There are two levels of improving employee performance. The first is the macro level, in which you offer all employees extensive training to ensure they understand the business, goals, values, and job performance expectations. The second is the micro-level in which you offer personalized small-group or one-on-one training to allow each employee the opportunity to ask questions and gain clarification on how to do their job in the best way possible.
Here are four tips to enhance both macro- and micro-level employee coaching to improve productivity.
1. Create training videos.
Corporate training video production companies like COLDEA Productions make it easy for companies to create short training videos that are easy to watch and cover all the basics of a company, job, or position.

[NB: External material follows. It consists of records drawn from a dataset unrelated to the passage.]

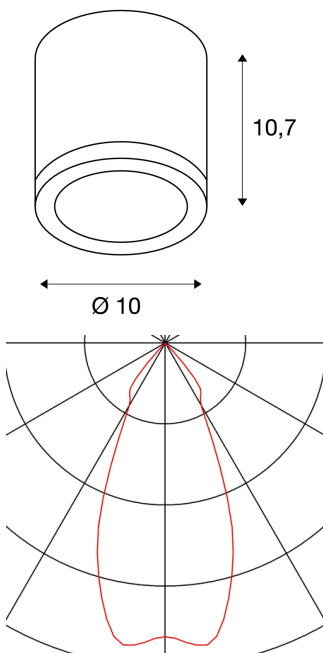

ENOLA_C

Deckenleuchte, LED, 3000K, rund, weiß, 35°

Die puristische Deckenaufbauleuchte ENOLA_C besteht aus einer Aluminium Konstruktion und ist bestückt mit einer warmweißen Hochleistungs COB LED. Durch den eingebauten LED-Treiber erfolgt der elektrische Anschluss direkt an 230V Netzspannung. Als Zubehör für den zylindrischen Strahler sind entsprechende Zierringe mit strukturierten Diffusor Gläsern erhältlich. Diese Leuchte enthält eingebaute LED-Lampen.

TECHNISCHE DATEN

Art. Nr.:	152101
Leuchtmittel inklusive	0
Primäre Nennspannung	100-240V ~50/60Hz mA/V
Sekundär Strom / Sekundär Spannung	500 mA/V
Höhe	10.7 cm
Durchmesser	10.0 cm
Nettogewicht	0.55 kg
Bruttogewicht	0.668 kg
IP Code	IP 20
Schutzklasse	I
Montage	Aufbau
Montagedetails	Decke
Wattage	12.0 W
Lumen	850 lm
Lichtfarbtemperatur	3000 Kelvin
Abstrahlwinkel	35 °
Farbe	weiß
CRI	>80
LXXBXX Daten	70/50
Lebensdauer	40000 h
BIG WHITE Seite	266

These high-quality instructional videos can explain all of the general information that employees need to know, including the human resource information covering basic procedures and chain of command. These corporate training videos can be made available through a digital platform so that they can be watched independently to save time in the office. These videos can utilize live action or animation depending on the type of video you want. You can work with the video production team on a storyboard and edits. While they are not interactive, they are ideal for macro-level training.
2. Promote interaction.
IConnect offers coaching in the workplace solutions that utilize videos with interaction through a mobile app. Employees can take job-specific training, interact with their employers, and ask questions remotely. This uses an element of social learning that many young workers have grown accustomed to and is provided through a mobile app, which makes it readily available to everyone and can be tailored to specific positions. The more employees can interact during training, the more they will learn from each other, and it will benefit overall productivity.

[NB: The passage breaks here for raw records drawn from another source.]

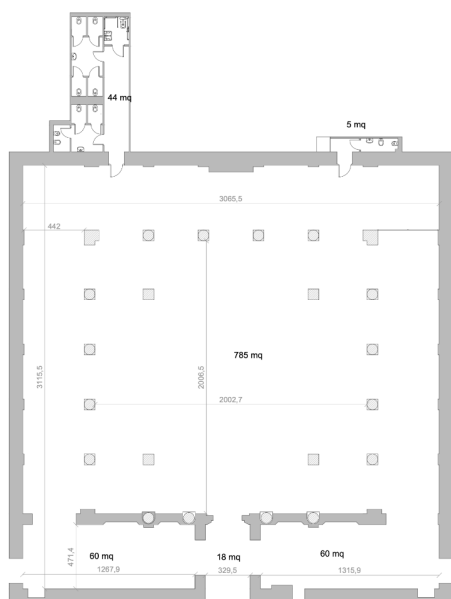

Location 2080

LOFT
MODERNO
ROMA (RM) PRATI - VATICANO

Spazio di 900mq per eventi. Unico open space con colonne e lucernari.

SCHEDA TECNICA SET UP RESIDENTE

Video:

- n.01 Schermo led autoportante passo 3.9 da 6,00 x 3,50 mt
- n.01 mixer video Barco PDS4k complete di monitor di preview da 22" e pc di controllo
- n.01 monitor da 32" per gobo palco
- n.02 pc per slide e video
- n.01 telecomando per cambio slide

3. Offer in-person training.
While mobile and video training is versatile and highly accessible, there is still value in in-person training. Namely, it is an excellent way for employees to get to know each other, learn from each other, and gain a sense of teamwork or even family. In-person training should be limited so they don’t take away from productivity time. However, offering employees a quarterly break that combines training and socialization is generally good for company morale. Some companies host annual conferences that give employees a chance to take classes of their choosing while also socializing and having fun. Planning conferences at fun locations at no cost to the employees will also boost morale.
4. Make individual coaching available.
Individual coaching should be made available for employees who are struggling with their job performance. Often, companies take a disciplinary approach to lacking job performance. However, it’s possible that the employee needs additional training or accommodations or is struggling personally and needs to step away. Without sitting down with that employee, it is impossible to know what is happening. The disciplinary approach may mean you are losing a great employee because you didn’t take the time to see if they need extra training or mentoring. If your company is one where people are paid on commission or incentives, offering free coaching will help them help themselves and create a long-term relationship with your team.
Employee coaching is always the best approach to increasing productivity. Employees are most productive when they have a sense of loyalty to their employer and share the same vision and goals. Employees work hard for employers they believe are working for them, which becomes a symbiotic relationship. Companies that experience high turnover and low productivity generally see replacing their employees as a good alternative to properly training them when there might be a better way.